And a taut silence descended on the room. “What is this?” Bayta whispered, gingerly touching the inside of the cloth.
“Cloakcloth,” Fayr told her, his voice low, his eyes on a row of small red lights built into his edge of the cloth. “It absorbs our infrared signatures and shifts them so that detectors will read us as Tra’ho’seej.”
“Clever,” I murmured. Of course, these particular Tra’ho’seej were supposed to be out of town. I hoped this wasn’t one of those areas where citizens had to register their travels with the local police database. “What about your own sensors?” I asked, nodding toward his row of lights.
“Passive detectors only,” he assured me. “Slender wires pressed into the ground in various places around this neighborhood. Virtually undetectable.”
The uncomfortable silence resumed. I looked sideways at Bayta’s profile, at her tight cheek muscles and her eyes focused on the piece of cloakcloth directly in front of her.
Make the time
, Fayr had all but ordered me.

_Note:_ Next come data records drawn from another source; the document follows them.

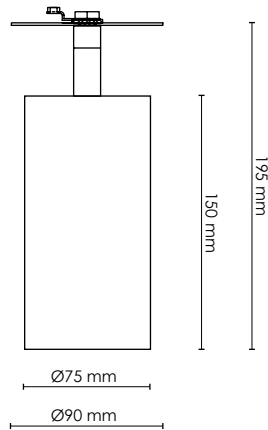

BRASS

ART.NO. 982121001

STEEL

ART.NO. 982121500

OPTIONAL COLOUR

CONTACT RUBN

HEIGHT 385

250 EUR

And he’d been right. Conflict between allies was potentially disastrous. “Bayta—”
“He wouldn’t have hurt her,” she interrupted me, her voice as stiff as her expression. “He wouldn’t risk losing the advantage she gives him. You should have just kept quiet.”
I sighed. So now we had two problems to deal with. “You’re mad at me for caving in so easily?” I asked, deciding to deal with the simpler one first.

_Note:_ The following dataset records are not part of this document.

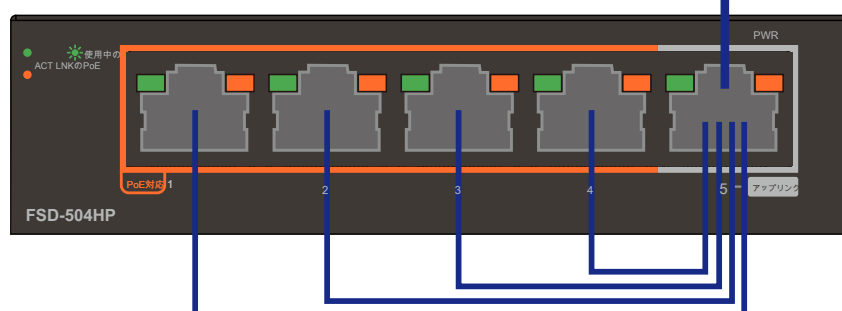

### 切り替え

- ハードウェアベースの10 / 100MbpsのオートネゴシエーションおよびオートMDI / MDI-X
- 半二重動作のための全二重動作と背圧のためのフロー制御
- 1536bytesのケットサイズをサポート
- 1K絶対MACアドレスをサポートし、アドレスルックアップエンジンを統合
- 自動アドレス学習およびアドレスエージング
- ソリッドDIPスイッチはブロードキャストストームを防ぐために、ポートを隔離し、DHCPスプーフィングを守るために

### ハードウェア

- デスクトップ手のひらサイズ
- PoEのレディ/活性およびLINK / ACTのためのLEDインジケータ
- 6KVの雷保護
- 一つの51V DC電源ジャック

確保SOHO IP監視インフラストラクチャのための理想的なソリューション

ますます人気IP監視アプリケーションを対象に、PoEスイッチでFSD-504HPの802.3afには、/また、監視・スイッチとして配置されています 給電との迅速かつ容易なPoE対応IPカメラの導入のために。FSD-504HPは、RJ45銅インターフェイスあたり30ワットまでフィーチャー4 10 / 100BASE-TXポート、および監視画像やビデオの高速伝送をサポートする1つの余分ファストイーサネットTPインターフェイスと一緒に802.3atのと802.3af準拠のPoEの両方の規格をサポートしています。

革新的なポートベースVLAN保護機能

FSD-504HPは、そのポート1つのDIPスイッチを介して互いに分離することができる「ポートベースのVLAN保護」を備えています。これは、お互いに影響を与えるからIPカメラのマルチキャストまたはブロードキャストストームを防止するのに役立つことができます。

ポート絶縁

ポートベースVLAN

PoE電力とイーサネットデータ送信距離延長での802.3af /

内蔵の固体DIPスイッチを提供します「標準」そして「拡張」動作モード。FSD-504HPは、通常のIEEE 802.af/at PoEスイッチとして動作します

「標準」動作モード。の中に「拡張」動作モードは、FSD-504HPは、10Mbpsのデュプレックス動作時ポートごとに動作するが、イーサネットUTPケーブルの100メートルの限界を克服する最大250メートルの距離にわたって30ワットPoE電源の出力をサポートすることができます。このブランドの新機能では、FSD-504HPは、このように、イーサネットケーブル敷設のコストを節約し、PoE対応の距離延長での802.3af /のための追加的なソリューションを提供します。

“The oathlings have already begun the search,” she said. “The effects of
Korak
Fayr’s sunburst grenade won’t interrupt that. By now probably hundreds of nonwalker oathlings will have joined the effort.”
“Good for them,” I said. “The more of Ghonsilya’s official attention is tied up looking for a mythical Human named Daniel Mice, the less they’ll have left to focus on us.”

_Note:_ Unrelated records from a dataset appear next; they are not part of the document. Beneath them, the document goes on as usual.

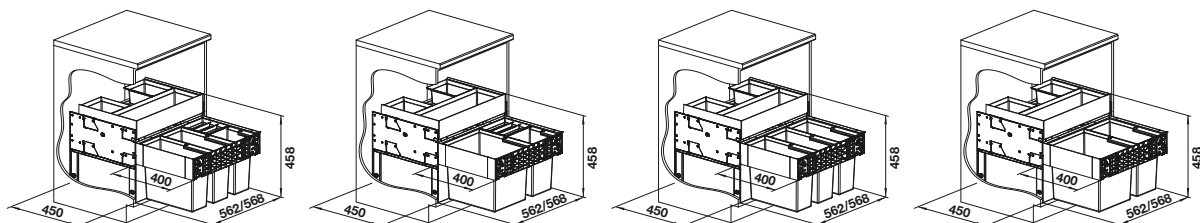

- Uso total del espacio en el mueble del fregadero gracias a las soluciones dimensionales adaptadas, en armonía con el fregadero y la grifería
- Amplia gama de modelos para todas las dimensiones de muebles más comunes
- Las versátiles cajas universales del cajón organizador mantienen las cosas aún más ordenadas
- Opciones diversas y variadas de separación de residuos mediante combinaciones flexibles de selectores de desperdicios
- Instalación sencilla sin necesidad de medir, marcar o pretaladrar
- Accesorios opcionales que mejoran el sistema para crear una solución personalizada
- Diseño moderno con aluminio de alta calidad
- Todas las piezas son fáciles de limpiar gracias a las superficies suaves y amplias

reddot winner 2021

armario soporte mm	600	600	600	600
BLANCO SELECT II	60/4 Orga	XL 60/3 Orga	60/3 Orga	60/2 Orga
	526211	526210	526209	526208
PVP (sin IVA)	€ 442,00	€ 429,00	€ 424,00	€ 411,00

Capacidad de cubos	42 l	46 l	45 l	49 l

Her eyes flicked reluctantly sideways toward me. “Are you saying Mr. Stafford’s
not
on Ghonsilya?”
“Oh, he’s here, all right,” I assured her. “Or at least, he was—it’s possible he’s flown the coop. But he’s not traveling under the name Mice.”
“A modification of the word, then?” Fayr suggested.
I shook my head. “I don’t think Künstler was trying to give me Stafford’s traveling name,” I said. “I think he was going for something else.”
“What?” Bayta asked.
“Think about it,” I said. If the Chahwyn were going to kick me out, Bayta needed to work on her detective and deduction skills. “Stafford’s supposedly been spinning his wheels through umpteen years of college, taking every class in the catalog, refusing to graduate, and meanwhile spending buckets of money along the way. What sort of parents put up with that?”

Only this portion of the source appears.